Then download the Arduino sample sketch into your PC. Two sample files are attached below. In your PC, click and download "adx_PR_arduino.zip" and unzip it. After that upload it to your Arduino with using IDE in your PC. If upload finished, plug again the 2 wires into RX and TX in Arduino, which were unpluged temporarily above.
Finally download the other sample code "adx_PR3_uart180.py" into your Pi. Open this page in your Pi and download it into your Pi. Then move it to your home directory "/home/pi".
Open terminal window in your Pi and run the next command twice(*). (* See note below.)
- $ python /home/pi/adx_PR3_uart180.py -19290
- $ python /home/pi/adx_PR3_uart180.py -19290
You see your camera faces the front, if its platform set correctly and camera faced other direction. Next run the command below, camera turns its face with a little panning.
- $ python /home/pi/adx_PR3_uart180.py -19275
Each servo can rotate from 0 to 180 degrees. Here controlling them with resolution of 180 respectively (0, 1, ..., 179). 19290 means that each servo stays at 90 degree: 19290 = (90*180) + 90. However reading error happens occasionally. Therefore negative number, -19290, and some filters are used in the sample sketch. For example, if a number read now is bigger or smaller to the certain extent than the number read 1 step ago, no rotate is done. However a number is sent twice, this filter doesn't work at the second reading.
Step 7: Install Speech Analizer Julius
Before this project, I installed both Google Assistant and Amazon Alexa in my Pi 3 and tried them together. I saw both of them have good listening comprehension.
However I want my Pointer robot works in self-contained without using resources in web or cloud. Hence I installed a dictation module "Julius". It has been developed as a research software for Japanese speech recognition and it is distributed with open license together with source codes.
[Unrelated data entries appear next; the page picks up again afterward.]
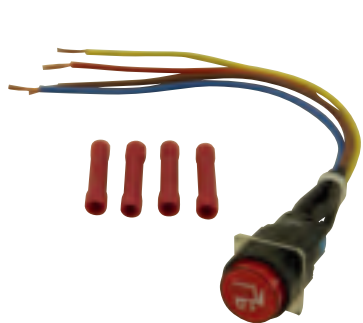

Cabin switch HACO

Partnr. HACO	Ref. nr. original	Voltage (V)
4519261H	101118843	12/24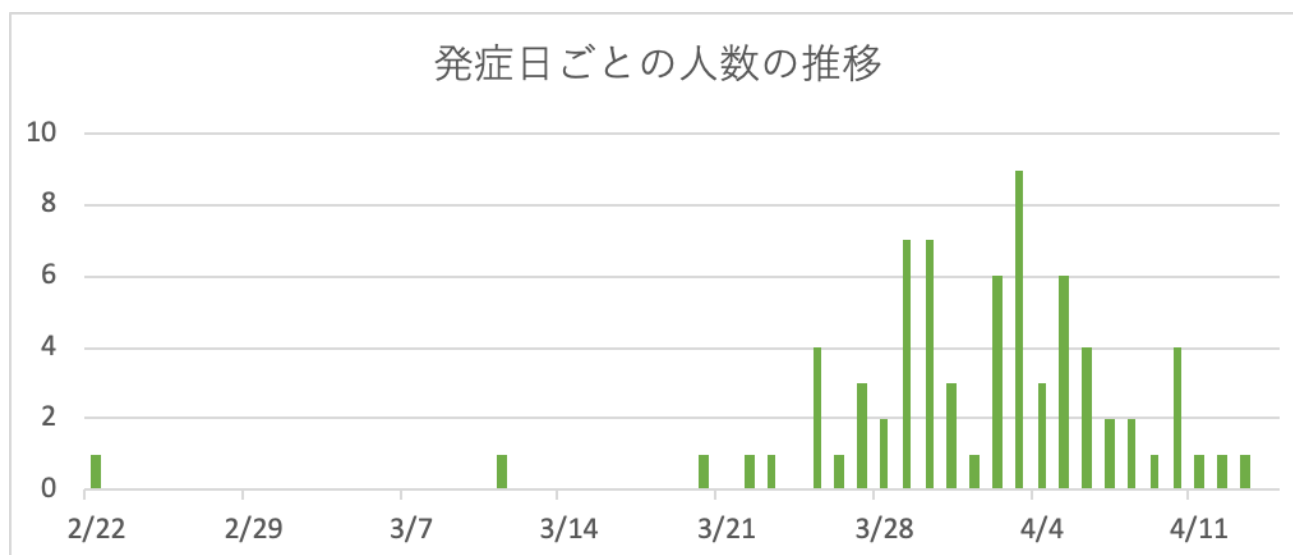

船橋市内で発生した新型コロナウイルス感染症患者について  
76例 4月16日現在

船橋市内で発生した新型コロナウイルス感染症患者について  
76例 4月16日現在

船橋市内で発生した新型コロナウイルス感染症患者について  
76例 4月16日現在

船橋市内で発生した新型コロナウイルス感染症患者について  
76例 4月16日現在

公共交通機関の利用（発症後）

判明日：4月7日～（人数）

感染者のうち

都内との往来がある方の割合

判明日：4月7日～

船橋市内で発生した新型コロナウイルス感染症患者について  
76例 4月16日現在

船橋市内で発生した新型コロナウイルス感染症患者について  
76例 4月16日現在

船橋市内で発生した新型コロナウイルス感染症患者について  
76例 4月16日現在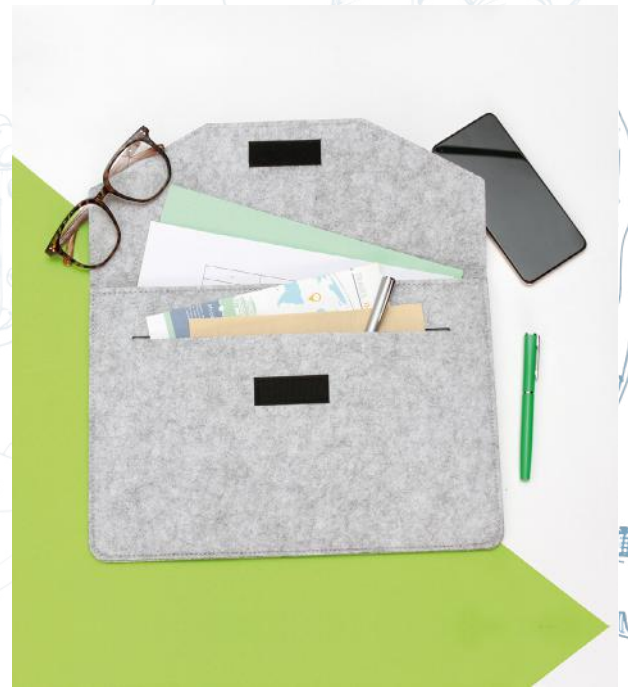

EX-091

EJECUTIVA | Set Tyreso.
Curpiel. | Libreta tamaño A5 de 80 g y 100 hojas. | Bolígrafo.
Caja: 21.3×21.3 cm. Pluma: 1×13.5 cm. Libreta: 14.4×21 cm.

EX-092

EX-093

EJECUTIVA | Carpeta Solna. | Cierre de broche.
Fieltro. | 18.5×23.8 cm. | Varios compartimentos internos.

EX-094

EJECUTIVA | Carpeta Seefeld.

Fieltro. | Cierre de broche. | Detalles en curpiel. | 23×18 cm. | Bolsa frontal.

EJECUTIVA | Carpeta Augan.
Fieltro. | 36.5×25×2 cm. | Cierre de broche. | Detalles en curpiel.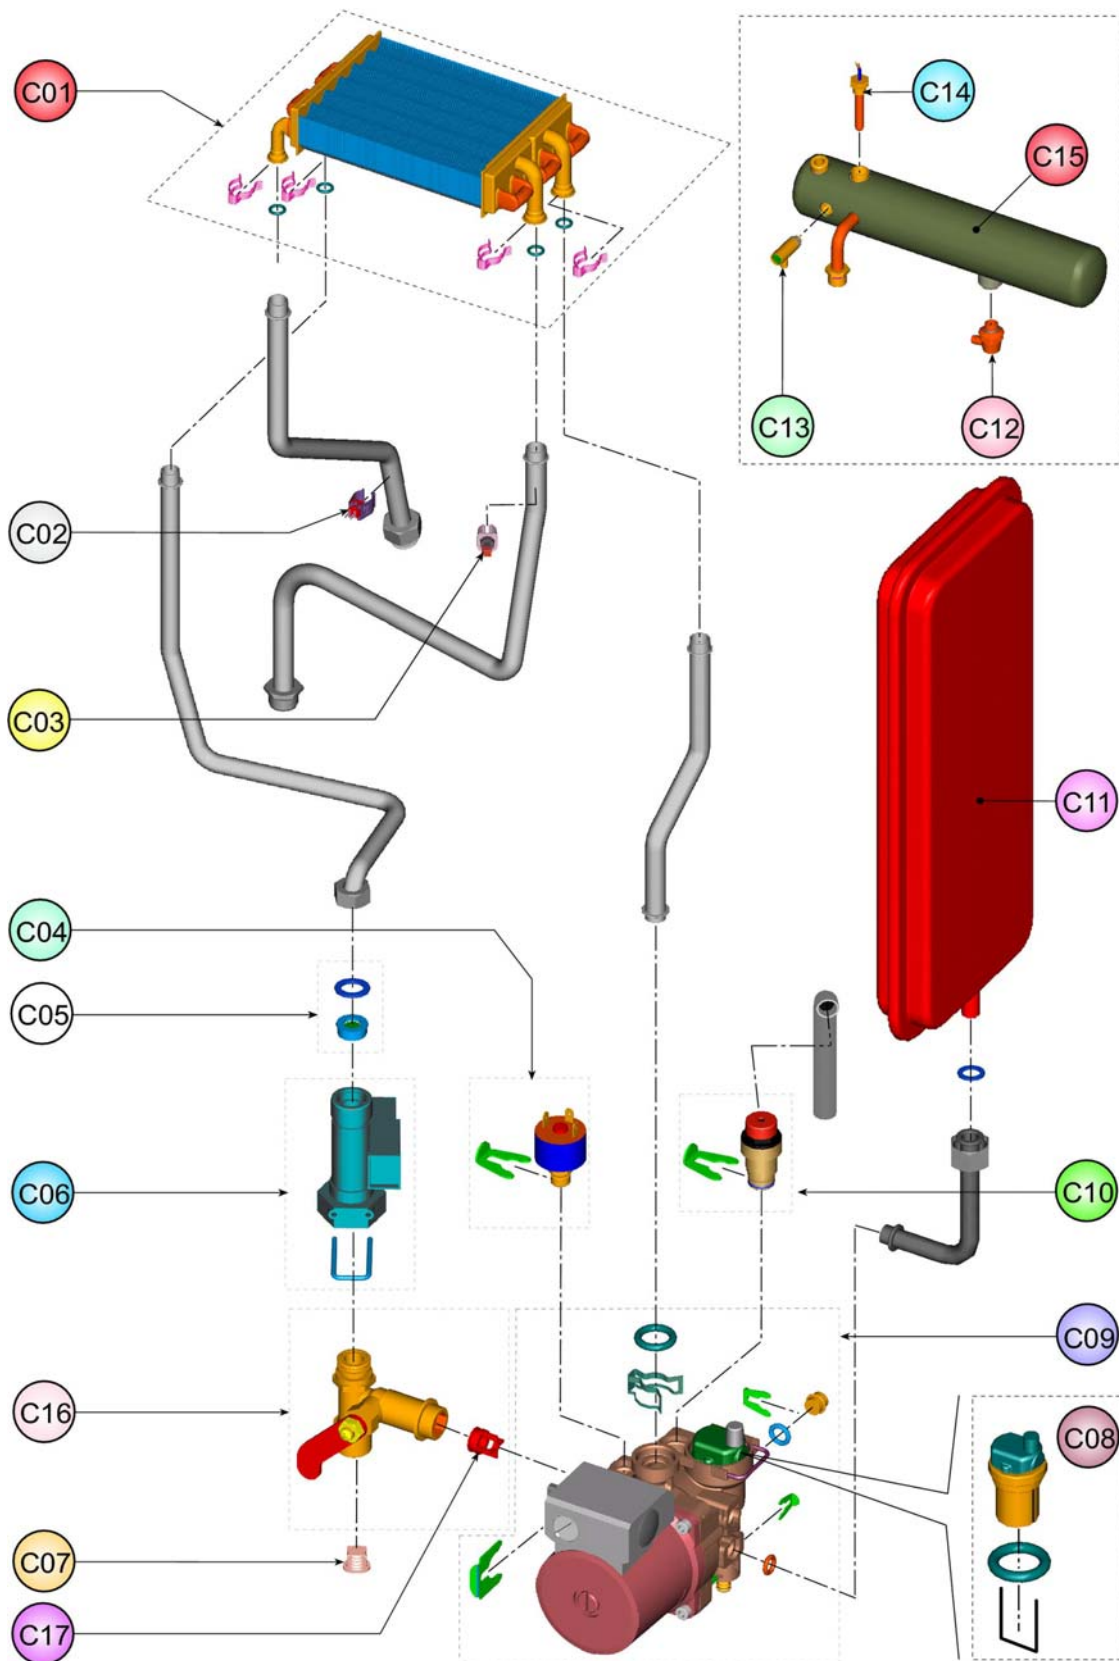

DIVAtech micro F24

LISTA PEZZI DI RICAMBIO

SPARE PART LIST

ERSATZSTEILE

LIJST ONDERDELEN

LISTE PIECES DETACHES

LISTA PIEZAS DE REPUESTO

CODICE	EDIZIONE	MERCATO
30K0330000	02/11/2006	ES-PT

LISTA DE PIEZAS
DIVAtech micro F24

02/11/2006

FIG.	CÓDIGO	DESCRIPCIÓN	UNIDADES
A01	I39820640	ENVOLVENTE DIVATECH 24	1
B01	I39820660	TARJETA DBM02.1 DIVATECH	1
B02	I39819520	CAJA ELECTRICA DOMIPROJECT	1
B03	I39820080	HIDROMETRO CLIP DIVATECH	1
B04	I39820650	EMBELLECEDOR PANEL DIVATECH	1
C01	I39819540	CUERPO ALETEADO DOMIPROJECT F24	1
C02	I39810230	SONDA ACS DOMICOMPACT (I36200640)	1
C03	I39819550	SONDA-TERMOSTATO DOMIPROJECT	1
C04	I39818260	PRESOSTATO AGUA DOMICOMPACT CLIP	1
C05	I39813010	CAUDALIMETRO 10 L (5 UDS)	1
C06	I39818550	FLUXOSTATO BRIGTOM	1
C07	I39813230	FILTRO PARA FLUXOSTATO DOMICOMPACT	1
C08	I39818220	PURGADOR DOMICOMPACT PLASTICO	1
C09	I39818450	BOMBA AO/FX3FPL	1
C10	I39818270	VALVULA SEGURIDAD CLIP DOMICOMPACT	1
C11	I39819570	VASO EXPANSION 6 L	1
C12	I39810320	VACIADO ECONCEPT	1
C13	I39818090	VALVULA SEGURIDAD MICROACUMULADOR	1
C14	I39818810	RESISTENCIA PTC 3/8" MICROACUMULADOR	1
C15	I39822370	MICROACUMULADOR DIVATECH 24	1
C16	I39819560	VALVULA LLENADO PALANCA DOMIPROJECT	1
C17	I39818230	VALVULA RETENCION LLAVE LLENADO (5 UDS)	1
D01	I39819580	PASATUBOS CAMARA ESTANCA	1
D02	I39808471	TOMA + VENTURI DOMINA	1
D03	I39817550	VENTILADOR DOMICOMPACT	1
D04	I39819610	AISLANTE CAMARA COMB. DOMIPROJECT F24	1
D05	I39819430	ELECTRODO DOMIPROJECT	1
D06	I39819630	QUEMADORES DOMIPROJECT F24	1
D07	I39812190	VALVULA VGU SIEMENS (I36800400)	1
D08	I39819590	INYECTORES D1,35 G20 (11 UDS)	1
D09	I39819600	INYECTORES D0,79 G31 (11 UDS)	1
D10	I39819460	DIAFRAGMA HUMOS D43-47	1
D11	I39817990	CURVA SALIDA DE HUMOS NEW ELITE 60	1
D12	I39817510	PRESOSTATO AIRE DOMICOMPACT	1
D13	I39811330	MIRILLA DOMICOMPACT (I32202750)	1

No special setting is needed to install and run Julius in your Pi. It works in default setting just after the standard Raspbian installed. It is not required any locale nor language changing for Japanese. In this project, only 7 words are used. Hence you don't care about language also. If you see Video 3 in Step 9 and follow these words like as in the video, you can command your robot as well.
You can install Julius by following steps below. These steps are described in a commentary site for a guide book written by Takashi Kanamaru. I appreciate him. Though the commentary is written in Japanese, you can read it in your language with using "Google Translation".
- Open this page on browser "Chromium" in your Pi
- Click here and download "julius-4.4.2.tar.gz" into your Pi ("Downloads" directory is selected automatically)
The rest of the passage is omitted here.